The input buffer 202 and the output buffer 203 may also transmit and receive control data and the like.
The WTA buffer 204 receives the data indicating the end of the data processing from the cell CPU 201 at the end of the data processing by the cell CPU 201, and transmits the data to the WTA / summation circuit 30 to determine the end of the data processing by the WTA / summation. This is reported to the circuit 30. The end data indicating the end of the data processing includes, for example, the ID of the own cell processor 20 and priority data for determining the priority when the state variable value stored in the output buffer 203 is read by the BCMC 10.
[0025]
The program controller 205 loads a program defining the operation of the cell processor 20 from the BCMC 10. The program that defines the operation of the cell processor 20 includes a program for data processing executed by the cell processor 20, a data selection program that determines data necessary for processing by the cell processor 20, and a processing result read to the BCMC 10. There is a priority determination program that determines the priority at the time.
The instruction memory 206 stores a program fetched by the program controller 205. The stored program is read into the cell CPU 201 as needed.
[0026]
The data memory 207 stores data processed in the cell processor 20. Broadcast data determined to be necessary by the cell CPU 201 is written. The broadcast data is stored at an address corresponding to the cell address.
In this embodiment, a part of the data memory 207 is connected to the adjacent cell processor 20 via the shared memory, and data can be transmitted and received to and from the adjacent cell processor 20 every cycle.
[0027]
<WTA / sum circuit>
The plurality of WTA / sum circuits 30 determine the order in which the BCMC 10 takes in the state variable values from the cell processor 20 based on the data indicating the end of the data processing sent from each cell processor 20, and report the determined order to the BCMC 10.

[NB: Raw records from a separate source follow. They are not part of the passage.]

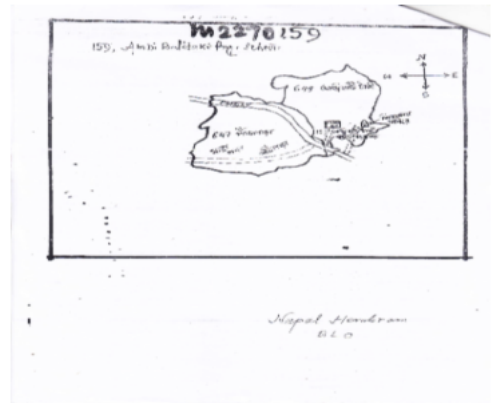

নির্বাচক নিবন্ধন আধিকারিকের স্বাক্ষর

Nazri Naksha

Google Map View

Polling Station Building Front View

Polling Station Front View

Cad View

Key MAP View

1 নাম : তাপস বেরা পিতার নাম: গোপাল চন্দ্র বেরা বাড়ির নং : না বয়স : 24 লিঙ্গ : পুরুষ	YMD2491389 ফটো উপলব্ধ	2 নাম : সনাতন কিস্কু পিতার নাম: গোপাল কিস্কু বাড়ির নং : এন0125 বয়স : 23 লিঙ্গ : পুরুষ	YMD2571123 ফটো উপলব্ধ	3 নাম : শুকদেব কিস্কু পিতার নাম: গোপাল কিস্কু বাড়ির নং : এন0125 বয়স : 25 লিঙ্গ : পুরুষ	YMD2571131 ফটো উপলব্ধ
4 নাম : ইন্দ্রানী চক্রবর্তী স্বামীর নাম: রাজ কুমার চক্রবর্তী বাড়ির নং : n0304 বয়স : 31 লিঙ্গ : মহিলা	YMD2069235 ফটো উপলব্ধ	5 নাম : অগ্নিদীপ্তা চক্রবর্তী পিতার নাম: লক্ষীকান্ত চক্রবর্তী বাড়ির নং : n0035 বয়স : 37 লিঙ্গ : মহিলা	YMD1385418 ফটো উপলব্ধ	6 নাম : দুলাল চক্রবর্তী পিতার নাম: সুধীর চক্রবর্তী বাড়ির নং : n0083 বয়স : 59 লিঙ্গ : পুরুষ	WB/29/217/435478 ফটো উপলব্ধ
7 নাম : প্রিয়ান্বিতা কুলডি(চক্রবর্তী) স্বামীর নাম: সোমনাথ চক্রবর্তী বাড়ির নং : n0037 বয়স : 34 লিঙ্গ : মহিলা	YMD1744085 ফটো উপলব্ধ	8 নাম : সোমনাথ চক্রবর্তী পিতার নাম: রমাকান্ত চক্রবর্তী বাড়ির নং : n0037 বয়স : 45 লিঙ্গ : পুরুষ	BLY1913425 ফটো উপলব্ধ	9 নাম : কবিতা রানী চক্রবর্তী স্বামীর নাম: রমাকান্ত চক্রবর্তী বাড়ির নং : n0037 বয়স : 70 লিঙ্গ : মহিলা	WB/29/217/435101 ফটো উপলব্ধ
10 নাম : রমাকান্ত চক্রবর্তী পিতার নাম: পূর্ণেন্দু চক্রবর্তী বাড়ির নং : n0037 বয়স : 80 লিঙ্গ : পুরুষ	WB/29/217/435027 ফটো উপলব্ধ	11 নাম : রাজকুমার চক্রবর্তী পিতার নাম: পাঁচু গোপাল চক্রবর্তী বাড়ির নং : n0036 বয়স : 44 লিঙ্গ : পুরুষ	BLY1913417 ফটো উপলব্ধ	12 নাম : ময়না রানী চক্রবর্তী স্বামীর নাম: পাঁচুগোপাল চক্রবর্তী বাড়ির নং : n0036 বয়স : 66 লিঙ্গ : মহিলা	WB/29/217/435102 ফটো উপলব্ধ
13 নাম : সুখমারানী চক্রবর্তী স্বামীর নাম: লক্ষীকান্ত চক্রবর্তী বাড়ির নং : n0035 বয়স : 58 লিঙ্গ : মহিলা	WB/29/217/435008 ফটো উপলব্ধ	14 নাম : অনিতা চক্রবর্তী স্বামীর নাম: ভোলানাথ চক্রবর্তী বাড়ির নং : n0034 বয়স : 47 লিঙ্গ : মহিলা	BLY2127694 ফটো উপলব্ধ	15 নাম : ভোলানাথ চক্রবর্তী পিতার নাম: কৃষ্ণচন্দ্র চক্রবর্তী বাড়ির নং : n0034 বয়স : 54 লিঙ্গ : পুরুষ	WB/29/217/435121 ফটো উপলব্ধ
16 নাম : কনকলতা চক্রবর্তী স্বামীর নাম: কৃষ্ণচন্দ্র চক্রবর্তী বাড়ির নং : n0034 বয়স : 74 লিঙ্গ : মহিলা	WB/29/217/435013 ফটো উপলব্ধ	17 নাম : কৃষ্ণচন্দ্র চক্রবর্তী পিতার নাম: পূর্ণেন্দু চক্রবর্তী বাড়ির নং : n0034 বয়স : 80 লিঙ্গ : পুরুষ	WB/29/217/435083 ফটো উপলব্ধ	18 নাম : সুখমারানী চক্রবর্তী স্বামীর নাম: দুলাল চক্রবর্তী বাড়ির নং : n0083 বয়স : 56 লিঙ্গ : মহিলা	WB/29/217/435485 ফটো উপলব্ধ
19 নাম : মুনাল চক্রবর্তী পিতার নাম: দুলাল চক্রবর্তী বাড়ির নং : n0083 বয়স : 32 লিঙ্গ : পুরুষ	YMD1744069 ফটো উপলব্ধ	20 নাম : আন্থিক চক্রবর্তী পিতার নাম: ভোলানাথ চক্রবর্তী বাড়ির নং : এন0 034 বয়স : 25 লিঙ্গ : পুরুষ	YMD2491348 ফটো উপলব্ধ	21 নাম : পাঁচুগোপাল চক্রবর্তী পিতার নাম: পূর্ণেন্দু চক্রবর্তী বাড়ির নং : n0036 বয়স : 68 লিঙ্গ : পুরুষ	YMD2414373 ফটো উপলব্ধ
22 নাম : সুচিত্রা মিশ্র চক্রবর্তী স্বামীর নাম: মুণাল চক্রবর্তী বাড়ির নং : এন0083 বয়স : 24 লিঙ্গ : মহিলা	YMD2491090 ফটো উপলব্ধ	23 নাম : শক্তিপদ দত্ত পিতার নাম: পুলিন দত্ত বাড়ির নং : n0069 বয়স : 71 লিঙ্গ : পুরুষ	WB/29/217/435447 ফটো উপলব্ধ	24 নাম : দীপঙ্কর দত্ত পিতার নাম: শক্তিপদ দত্ত বাড়ির নং : n0069 বয়স : 46 লিঙ্গ : পুরুষ	BLY2314763 ফটো উপলব্ধ
25 নাম : মুক্তিপদ দত্ত পিতার নাম: পুলিন দত্ত বাড়ির নং : n0070 বয়স : 59 লিঙ্গ : পুরুষ	WB/29/217/435516 ফটো উপলব্ধ	26 নাম : লক্ষীরানী দত্ত স্বামীর নাম: ভক্তিপদ দত্ত বাড়ির নং : n0071 বয়স : 54 লিঙ্গ : মহিলা	WB/29/217/435183 ফটো উপলব্ধ	27 নাম : গৌরহরি দত্ত পিতার নাম: পুলিন দত্ত বাড়ির নং : n0072 বয়স : 56 লিঙ্গ : পুরুষ	WB/29/217/435280 ফটো উপলব্ধ
28 নাম : কিংকর প্রসাদ দত্ত পিতার নাম: শক্তিপদ দত্ত বাড়ির নং : n0069 বয়স : 46 লিঙ্গ : পুরুষ	BLY1913441 ফটো উপলব্ধ	29 নাম : মানসী দত্ত (নাগ) স্বামীর নাম: শংকর প্রসাদ দত্ত বাড়ির নং : n0069 বয়স : 39 লিঙ্গ : মহিলা	YMD1476522 ফটো উপলব্ধ	30 নাম : ছায়ারানী দত্ত স্বামীর নাম: শ্যামপদ দত্ত বাড়ির নং : n0073 বয়স : 58 লিঙ্গ : মহিলা	WB/29/217/435553 ফটো উপলব্ধ

FIG. 4 shows a configuration example of the WTA / sum circuit 30.
Each WTA / sum circuit 30 includes two input registers A and B (hereinafter, a first input register 301 and a second input register 302), a switch 303, a comparator 304, an adder 305, and an output register 306. And is comprised.
[0028]
The first input register 301 and the second input register 302 include an integer register and a floating point register, respectively. In the integer register, for example, ID of the end data indicating the end of the data processing sent from the cell processor 20 is written, and in the floating-point register, for example, priority data is written.
The switch 303 activates one of the comparator 304 and the adder 305. Specifically, only one of them can be used according to the operation mode. The operation mode is determined by an instruction from the BCMC 10, for example. The operation mode will be described later.
The comparator 304 compares the floating-point values held by the floating-point registers of the first input register 301 and the second input register 302, and determines the larger (or smaller) value and the associated integer. , Write to the output register 306.
The adder 305 calculates the sum of the floating-point values held by the floating-point registers of the first input register 301 and the second input register 302, and writes the calculation result to the output register 306.
The output register 306 has substantially the same configuration as the first input register 301 and the second input register 302. That is, it has an integer register and a floating point register. The ID is written in the integer register, and the priority data is written in the floating-point register.
[0029]
The WTA / sum circuit 30 has three operation modes described below.
[0030]
・ Maximum value (WTA) mode:
The switch 304 activates the comparator 304. The comparator 304 compares the floating-point values A and B held by the floating-point registers of the first input register 301 and the second input register 302, respectively, and determines the larger (or smaller) value and the associated value. Write an integer value to output register 306. When the writing to the output register 306 is completed, the first input register 301 and the second input register 302 are cleared. The contents of the output register 306 are written to the input register of the WTA / sum circuit 30 in the upper stage. At this time, if the input register to which the data is to be written is not cleared, the writing is stalled, and the writing is not performed in that cycle, but is performed in the next cycle.
[0031]
・ Addition mode:
Switch 303 activates adder 305. The adder 305 calculates the sum of the floating point values A and B held by the floating point registers of the first input register 301 and the second input register 302, and writes the calculation result to the output register 306. The contents of the output register 306 are written to the input register of the WTA / sum circuit 30 in the upper stage.
[0032]
・ Approximate sort mode:
The switch 304 activates the comparator 304. The comparator 304 compares the floating-point values A and B held by the floating-point registers of the first input register 301 and the second input register 302, respectively, and determines the larger (or smaller) value and the associated value. The integer value is written to the output register 306.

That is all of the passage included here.